What does that mean for us? In our case, the fitted model is what’s generating the continuous random variables so if it is a good approximation of the true bounce time generative distribution, then the set of empirical CDF values we calculate for each LOO marginal density will be approximately uniform. That is, for each univariate density p( ỹ_i | y_-i ) of a left out point we will compute a CDF value [ p_i = Pr( ỹ_i ≤ y_i | y_-i ) ] and then plot these p_is to see if they look uniformly distributed.

If our fitted model is a good approximation of the true data generating distribution, then the PIT converted values will approximately follow a uniform.

This might sound like “voodoo magic” to some so I’ve written a nice side tutorial you can review to get more intuition on why this is true. Feel free to play around with the code and data.

Yay! If you’re still here it means I either didn’t completely lose you with the PIT explanation or I’ve regained your trust (hopefully) with that tutorial. Ok, let’s dive into an example on how to use this diagnostic. As a heads up, I’ll refer to the empirical CDF values as LOO-PIT.

In R, we can use the loo package to generate LOO-PSIS samples and the bayesplot ppc_loo_pit_overlay function to apply the PIT to these values and compare them against samples form a Uniform[0,1].

In Python, you can use a PyMC3 built-in function plot_loo_pit as follows

Below we can see that the LOO-PIT values (thick curve) from our model plotted against random samples of a standard uniform (thin curves). Without going into details, here’s a general way to interpret these plots:

  1. LOO-PIT values concentrated near 0 or 1 hint at an under-dispersed model (i.e. our pointwise predictive densities are too narrow and expect less variation than found in the data)
  2. LOO-PIT values concentrated near 0.5 hint at an over-dispersed model (i.e. our pointwise predictive densities are too broad and expect greater variation than found in the data)

Looking at our model there isn’t any apparent lack-of-fit since the LOO-PIT values follow plausible uniform samples. However, there seems to be a sticky point near 0.6 which hints a slight over-dispersion (i.e. some marginal densities are too broad compared to the data) and is discussed in the tutorial linked above. If instead the LOO-PIT lines were nowhere near the uniform samples then you should interpret this as lack-of-fit and explore further modeling.

LOO-PIT examples for random intercept model in R (left) and Python(right).

(To learn more I recommend you read pages 152–153 of Bayesian Data Analysis 3).

Identify outliers and influential points with the Pareto-k diagnostic

As in any modeling scenario, we’re interested in the effect potential influential data points or outliers could have on our model — i.e. if we were to omit influential points, would they drastically change our posterior predictive density? Looking at observations associated with these points provides hints as to whether and how we might want to modify our modeling strategy. Traditionally we compare the full data posterior predictive density and with each LOO CV predictive density to identify these points but this can be computationally expensive.
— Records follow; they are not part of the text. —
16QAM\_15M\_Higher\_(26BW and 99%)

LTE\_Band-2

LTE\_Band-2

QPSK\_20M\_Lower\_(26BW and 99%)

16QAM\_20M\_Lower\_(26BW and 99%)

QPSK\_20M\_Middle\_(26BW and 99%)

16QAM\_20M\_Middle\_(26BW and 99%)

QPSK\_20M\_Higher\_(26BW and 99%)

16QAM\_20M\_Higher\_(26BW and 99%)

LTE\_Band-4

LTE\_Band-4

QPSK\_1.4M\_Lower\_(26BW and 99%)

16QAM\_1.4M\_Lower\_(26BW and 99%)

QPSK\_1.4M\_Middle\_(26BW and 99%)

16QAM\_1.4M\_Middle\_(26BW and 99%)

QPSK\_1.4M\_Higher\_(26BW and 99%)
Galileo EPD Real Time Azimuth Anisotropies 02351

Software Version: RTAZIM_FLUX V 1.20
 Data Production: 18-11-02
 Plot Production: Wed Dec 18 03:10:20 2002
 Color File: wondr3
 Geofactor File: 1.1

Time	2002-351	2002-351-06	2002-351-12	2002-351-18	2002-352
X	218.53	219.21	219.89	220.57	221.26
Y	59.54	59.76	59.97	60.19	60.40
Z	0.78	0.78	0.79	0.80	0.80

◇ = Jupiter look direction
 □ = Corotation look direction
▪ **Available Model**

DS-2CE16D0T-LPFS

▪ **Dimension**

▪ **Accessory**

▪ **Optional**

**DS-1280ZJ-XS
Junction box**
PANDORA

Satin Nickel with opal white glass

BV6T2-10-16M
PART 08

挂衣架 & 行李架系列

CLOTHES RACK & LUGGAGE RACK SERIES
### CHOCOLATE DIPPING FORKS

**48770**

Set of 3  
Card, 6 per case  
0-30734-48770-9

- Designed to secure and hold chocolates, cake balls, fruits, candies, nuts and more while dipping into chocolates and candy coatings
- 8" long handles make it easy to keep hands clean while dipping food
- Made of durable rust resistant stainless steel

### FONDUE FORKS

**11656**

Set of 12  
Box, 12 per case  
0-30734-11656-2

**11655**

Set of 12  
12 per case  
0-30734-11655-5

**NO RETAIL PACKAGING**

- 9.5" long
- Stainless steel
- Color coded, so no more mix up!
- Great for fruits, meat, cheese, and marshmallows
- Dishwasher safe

Luckily, the LOO-PSIS method already computes an empirical estimate of this comparison: the tail shape parameter ( k̂ ) of the generalized Pareto distribution used in the sampler. Intuitively, if a marginal predictive density of a left out point has a large then it suggests that this point is highly influential. In practice, observations with values:

  • Less than 0.7 are considered non-influential points with reliable PSIS estimates of the LOO predictive density
  • Between 0.7 and 1 are considered influential and less reliable
  • Greater than 1 are considered highly influential and unreliably estimated by the model

The Pareto-k diagnostic can be useful to identify problematic point(s) in your model (or even across models!).

Let’s work through an example to get some intuition on how to use this to identify these unusual points.

In R, you can use the loo function to compute and extract the Pareto shape estimates and visualize these with ggplot .

In Python, you can use the PyMC3 built-in function loo to generate the pointwise samples and the plot_khat function to visualize these shape estimates.

Since all observations have a k̂ <0.5 then none are considered influential in the posterior given our model is able to characterize them correctly. In other words, our model’s LOO-PSIS estimates are reliable.

Pareto-k diagnostic plots in R (left) and Python (right)

Step 4: Model Evaluation and Comparison

As always we would like to know the predictive accuracy of our models given some out-of-sample (unknown) data. A common approach to estimate this error is to use some type of cross-validation. Aside from your typical RMSE metric, linear Bayesian models’ performance can be assessed with some additional metrics. For example, the Expected Log Predictive Density (ELPD) or the Watanabe–Akaike information criterion (WAIC), which is faster and less computationally expensive the ELPD. Here I will focus on the ELPD criteria.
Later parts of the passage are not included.